RECORDS SUPPLIED -
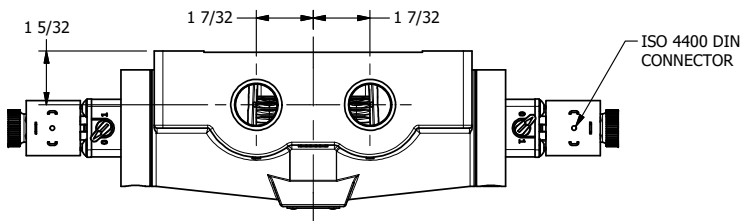

4

3

2

1

**AAA**  
PRODUCTS  
INTERNATIONAL

**AAA PRODUCTS  
INTERNATIONAL**  
7114 Harry Hines Blvd  
Dallas, TX 75235

TITLE: 3/4" SIDE PORT, DBL SOL, 3 POS,  
SPR CTR, CLSD CTR SPL, HIGH TMEP,  
LCKNG OVRD, DUST EXCLDR

DRAWING NO.:  
DIM\_ESY6HOL

THE INFORMATION CONTAINED WITHIN THIS DOCUMENT IS PROPRIETARY TO AAA PRODUCTS AND MAY NOT BE DISCLOSED WITHOUT PRIOR WRITTEN CONSENT

4

3

2

1
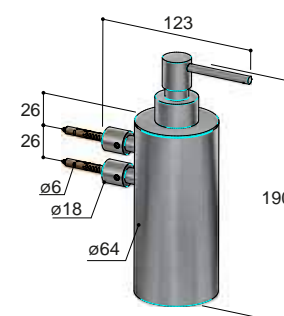

ARA09

Zeepdispenser wandmodel
Wall-mounted soap dispenser
Distributeur de savon mural
Seifenspender, Wandmodell
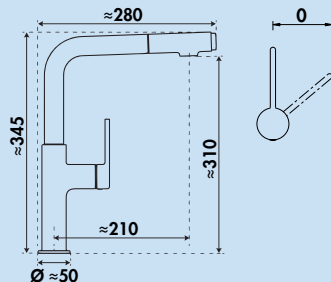

Stringere

Single lever faucet. With **swivelling/pull-out** outlet (can be switched to stream or shower by pressing at the outlet end), side lever, ceramic cartridge.

- energy-saving cold start function
- swivel range 360°
- drill Ø 35 mm

5021332	stainless steel coloured, high pressure	€ 458.98
5021333	black matt, high pressure	€ 487.24
5021334	brushed-gold, high pressure	€ 560.75
5021335	graphite matt, high pressure	€ 603.88
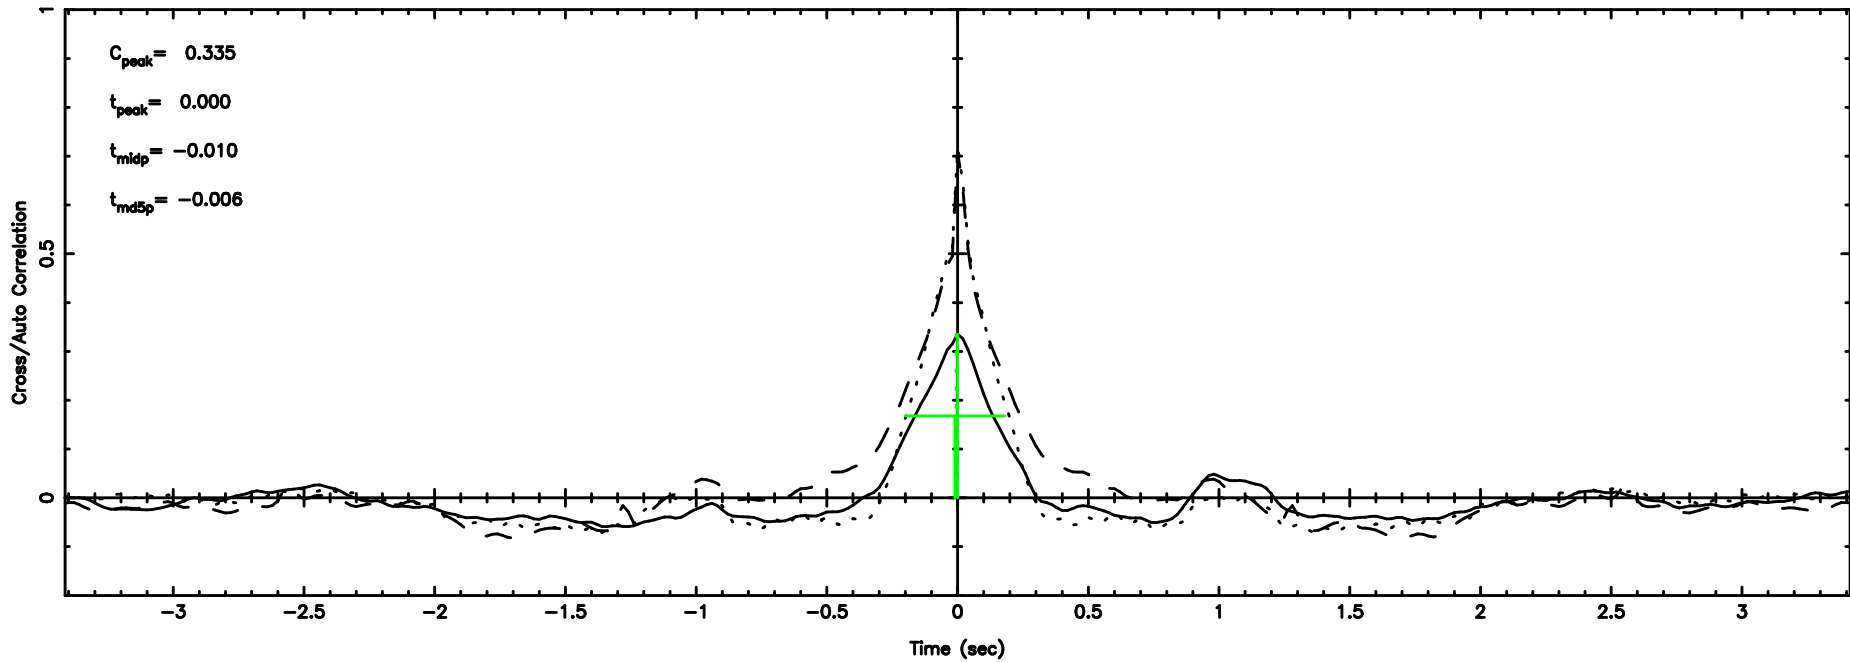

3C286 2024/08/01 7.69UT TOYOKAWA-KISO

F20240801163927

BLK:22,SNR1: 31.917 ,SNR2: 65.033

Frequency (Hz)

K20240801163924

BLK:22,SNR1: 8.1595 ,SNR2: 19.479

Frequency (Hz)

3C286 2024/08/01 7.69UT FUJI -KISO
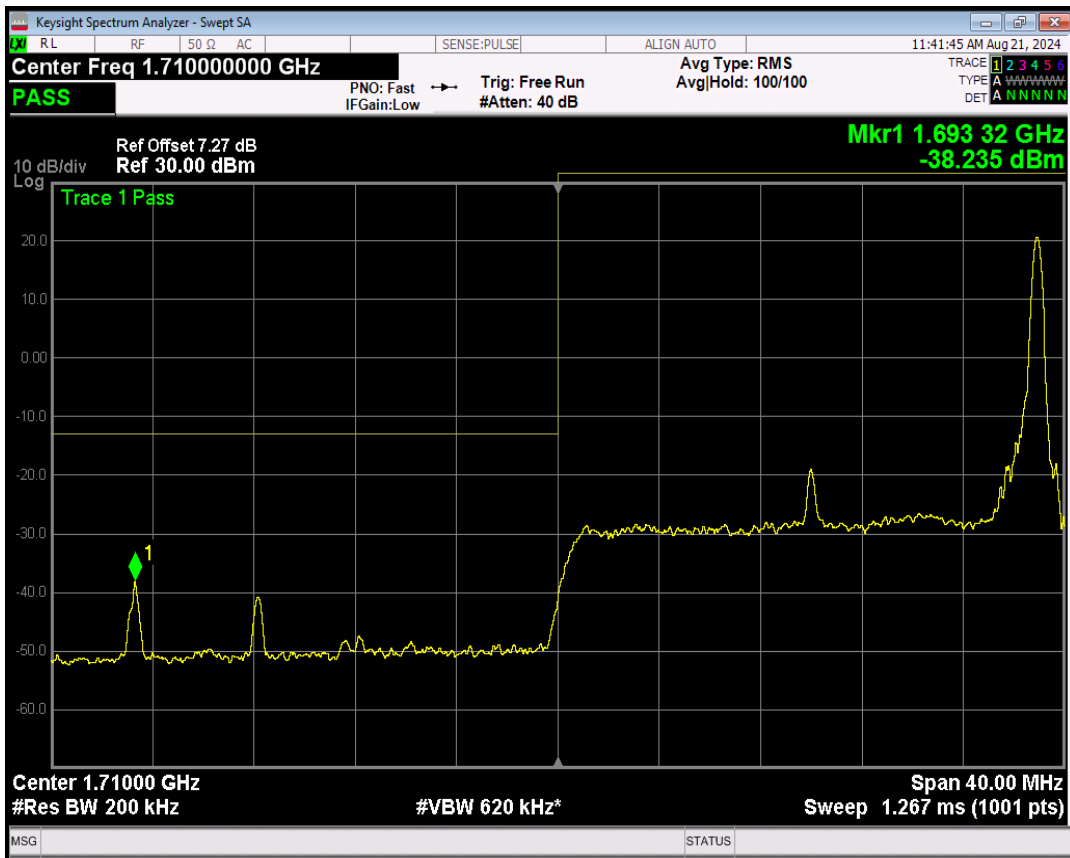

Band4 16QAM BW=20MHz Channel=20050 RB Size=1 Position=#Max

Band4 16QAM BW=20MHz Channel=20050 RB Size=100 Position=#0
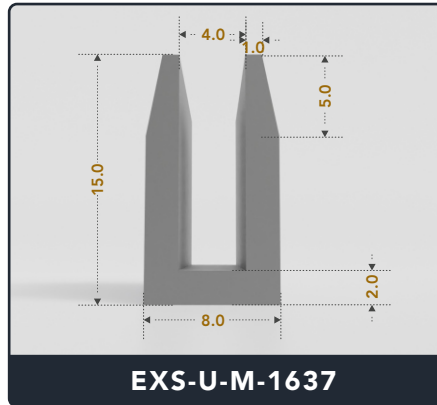

U-Channel (Medium)

Contact Us :

☎ 317-559-2220 📠 317-350-1322
✉ info@exactseal.com 🌐 www.exactseal.com

Address :

Exactseal Inc 7601 E 88th Pl. Building 3B
Indianapolis, IN 46256
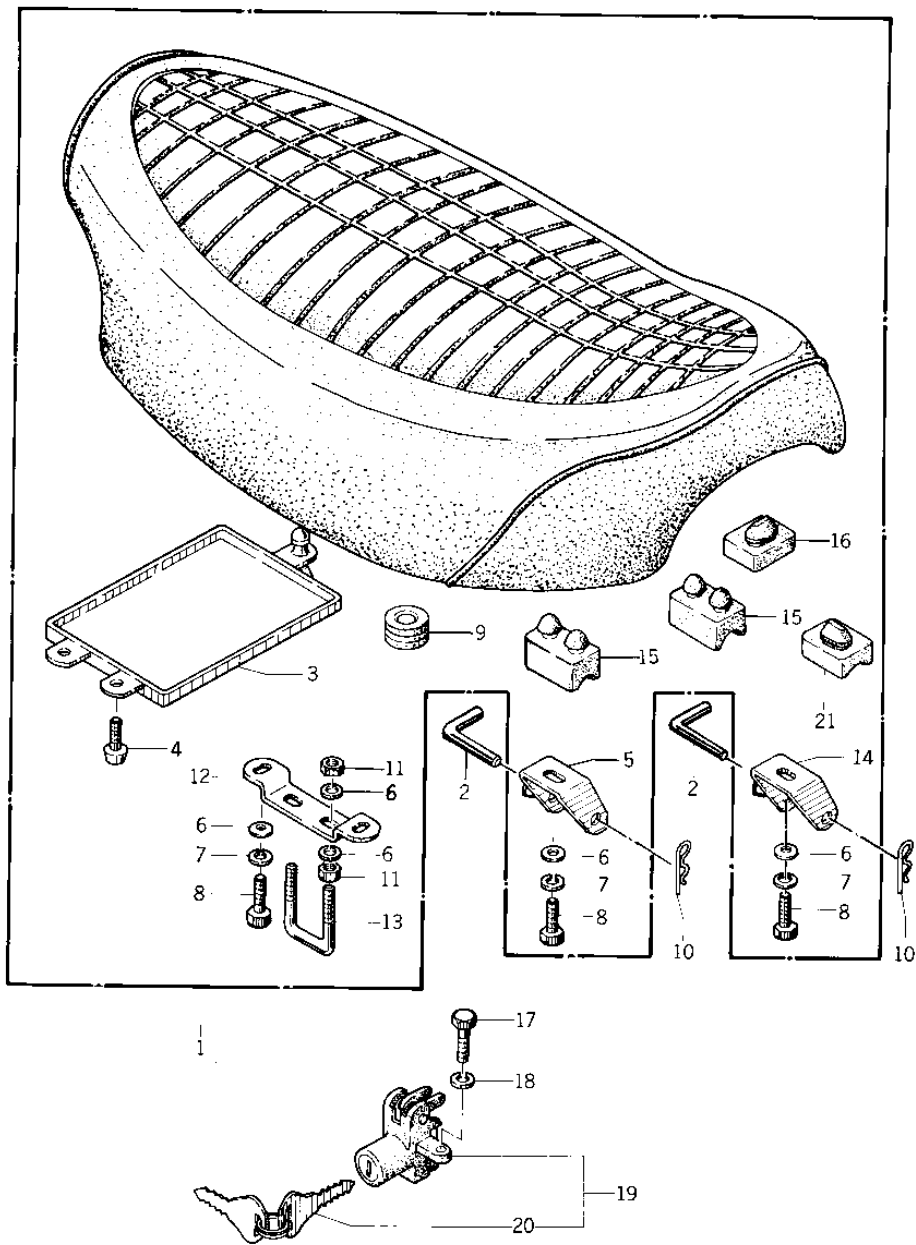

1976 KZ400 Standard PARTS DIAGRAM

SEAT ('76-'77 KZ400 - D3/D4)

1976 KZ400 Standard PARTS LIST

SEAT ('76-'77 KZ400 - D3/D4)

ITEM NAME	PART NUMBER	QUANTITY
SEAT ASSY,DUAL (Ref # 1)	53001-121	1
PIN,SEAT PIVOT (Ref # 2)	92043-1064	2
CASE (Ref # 3)	32099-011	1
SCREW PAN HEAD 5X10 (Ref # 4)	220B0510	1
HINGE,FRONT (Ref # 5)	53009-035	1
WASHER PLAIN 6MM (Ref # 6)	411B0600	1
WASHER SPRING 6MM (Ref # 7)	461F0600	2
BOLT-UPSET 6X14 (Ref # 8)	112B0614	1
GROMMET (Ref # 9)	92071-056	1
COTTER PIN (Ref # 10)	92041-003	1
NUT 6MM (Ref # 11)	311B0600	1
BRACKET, SEAT CATCH (Ref # 12)	53058-001	1
CATCH, SEAT (Ref # 13)	53056-002	1
HINGE,REAR (Ref # 14)	53009-036	1
DAMPER RUBBER,SEAT (Ref # 15)	92075-139	1
DAMPER RUBBER (Ref # 16)	92075-099	1
BOLT-UPSET,6X12 (Ref # 17)	112G0612	1
LOCK ASSY,SEAT (Ref # 19)	27030-002	1
DAMPER RUBBER-SEAT (Ref # 21)	92075-156	1
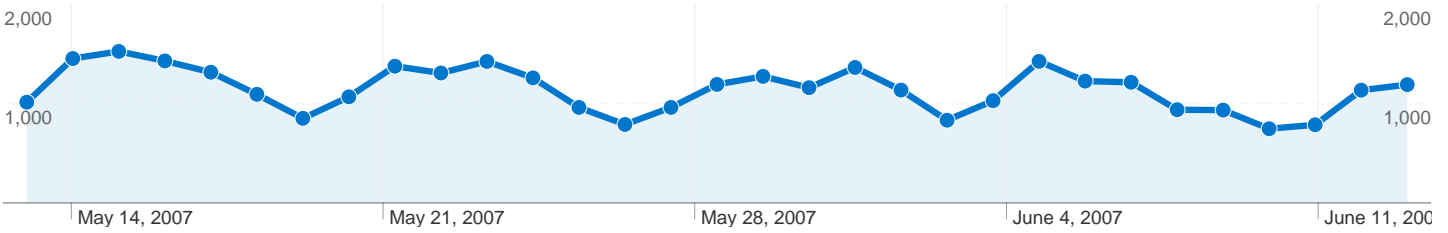

Site Usage

23,009 Visits

35,479 Pageviews

1.54 Pages/Visit

00:00:37 Avg. Time on Site

78.60% Bounce Rate

80.70% % New Visits

Visitors Overview

19,889 people visited this site

23,009 Visits

19,889 Absolute Unique Visitors

35,479 Pageviews

1.54 Average Pageviews

00:00:37 Time on Site

78.60% Bounce Rate

80.69% New Visits

Traffic Sources Overview

May 13, 2007 - Jun 12, 2007

All traffic sources sent a total of 23,009 visits

94.62% Direct Traffic

2.07% Referring Sites

3.31% Search Engines

Top Traffic Sources

Sources	Visits	% visits	Keywords	Visits	% visits
(direct) ((none))	21,771	94.62%	executive minutes	53	6.96%
google (organic)	644	2.80%	photoimpact 12	49	6.44%
bbc.org (referral)	243	1.06%	mcilmoyl	19	2.50%
bbctest.org (referral)	65	0.28%	david giacomelli	14	1.84%
yahoo (organic)	62	0.27%	bb&c	12	1.58%

23,009 visits came from 6 continents

Site Usage

Visits 23,009 % of Site Total: 100.00%	Pages/Visit 1.54 Site Avg: 1.54 (0.00%)	Avg. Time on Site 00:00:37 Site Avg: 00:00:37 (0.00%)	% New Visits 80.68% Site Avg: 80.70% (-0.03%)	Bounce Rate 78.60% Site Avg: 78.60% (0.00%)	
Continent	Visits	Pages/Visit	Avg. Time on Site	% New Visits	Bounce Rate
Americas	16,143	1.57	00:00:38	79.11%	79.27%
Europe	3,906	1.45	00:00:27	85.07%	78.93%
Asia	1,919	1.53	00:00:38	84.73%	74.21%
Africa	643	1.61	00:01:07	78.38%	72.01%
Oceania	386	1.34	00:00:24	85.49%	80.57%
(not set)	12	1.92	00:00:34	91.67%	58.33%
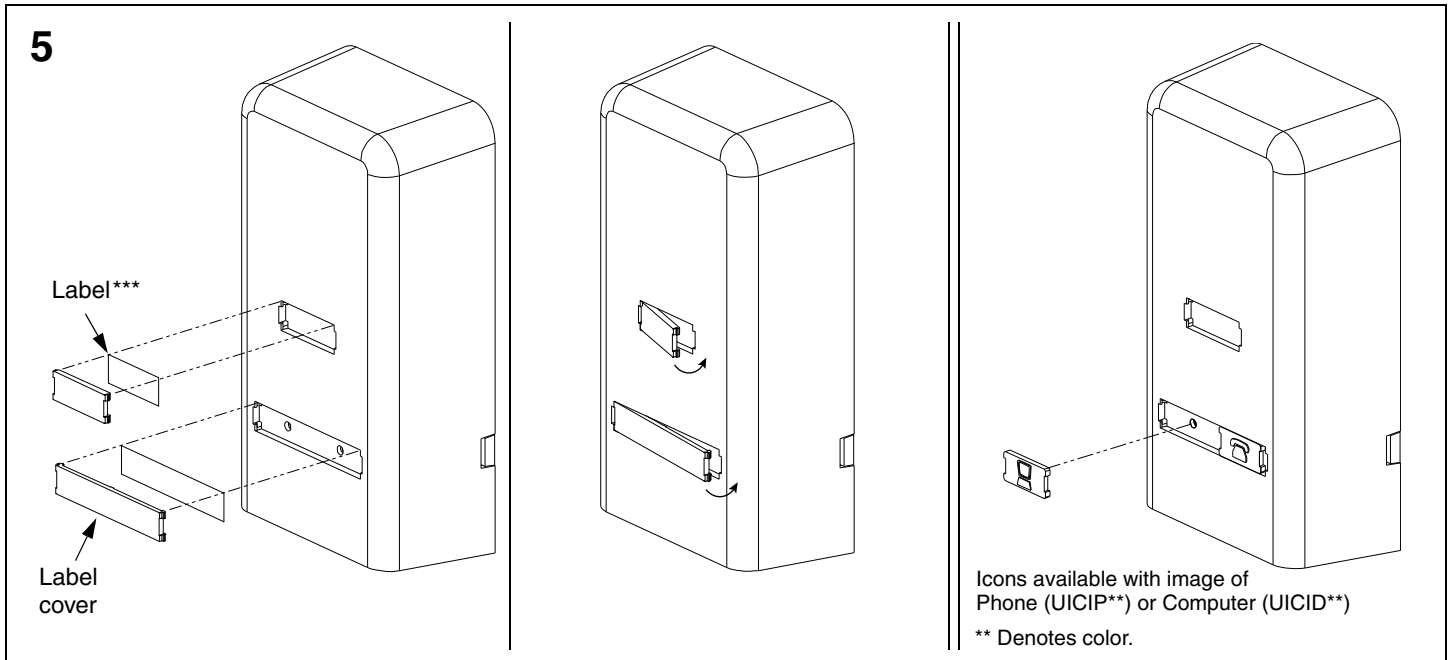

** Denotes color.

Ultimate ID Label Part Numbers

Label Part #	Height	Length	Color	Std. Pkg. Qty.
Computer Printable Labels				
UILJ1	0.236"	0.680"	White	5 sheets
UILJ2	0.236"	1.315"	White	5 sheets
Non-Adhesive Label Cassette (for use with PanAcea LS7 Thermal Transfer Printer)				
*UILS8BW	1/4"	26.2'	Black / White	1

* See Panduit LS8E operations manual to explain serialized function for label printing and page function for non-serialized label printing.

*** Write on labels are not included per TIA/EIA-606-B standard which states: "To maximize legibility, all labels shall be printed or generated by a mechanical device, and shall not be written by hand."
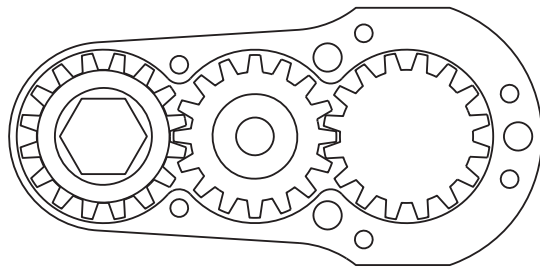

## HEAD NO. 1426

CROWFOOT ASS'Y  
Rev. A  
02-11-10

2500 WILLIAMS DRIVE • WATERFORD, MI • 48328

PHONE : (248) 334-2112 • FAX : (248) 334-0062

**SIDE VIEW**

**PARTS BLOWOUT**

**TOP VIEW**

**GEAR ASSEMBLY**

ITEM	DESCRIPTION	PART NO.	ITEM	DESCRIPTION	PART NO.	ITEM	DESCRIPTION	PART NO.
1	Adapter Assembly	OC-120-13ST-B	11	Screw #1 (2)	S-612			
2	Gear Housing (Top)	242420AS-H	12	Screw #2 (4)	S-614SH			
3	Socket Gear	161624S-XX	13	Dowel Pin (3)	DP-1214			
4	Thrust Race (2)	TRA-411						
5	Idler Pin	IP-6824						
6	Needle Bearing	B-68						
7	Idler Gear	161616S						
8	Drive Gear	161639S-12SDM						
9	Gear Housing (Bottom)	242420AS-P						
10	Grease Fitting	1877

ABOUT THIS TASK - No pictures should appear; only the lines from the first line of the records through the line with "Single lever faucet.", both included, are to be restated word for word.

RESPONSE TO THE TASK -
4

3

2

1

**AAA**  
PRODUCTS  
INTERNATIONAL

**AAA PRODUCTS  
INTERNATIONAL**  
7114 Harry Hines Blvd  
Dallas, TX 75235

TITLE: 3/4" SIDE PORT, DBL SOL, 3 POS,  
SPR CTR, CLSD CTR SPL, HIGH TMEP,  
LCKNG OVRD, DUST EXCLDR

DRAWING NO.:  
DIM\_ESY6HOL

THE INFORMATION CONTAINED WITHIN THIS DOCUMENT IS PROPRIETARY TO AAA PRODUCTS AND MAY NOT BE DISCLOSED WITHOUT PRIOR WRITTEN CONSENT

4

3

2

1

ARA09

Zeepdispenser wandmodel
Wall-mounted soap dispenser
Distributeur de savon mural
Seifenspender, Wandmodell

Stringere

Single lever faucet. With **swivelling/pull-out** outlet (can be switched to stream or shower by pressing at the outlet end), side lever, ceramic cartridge.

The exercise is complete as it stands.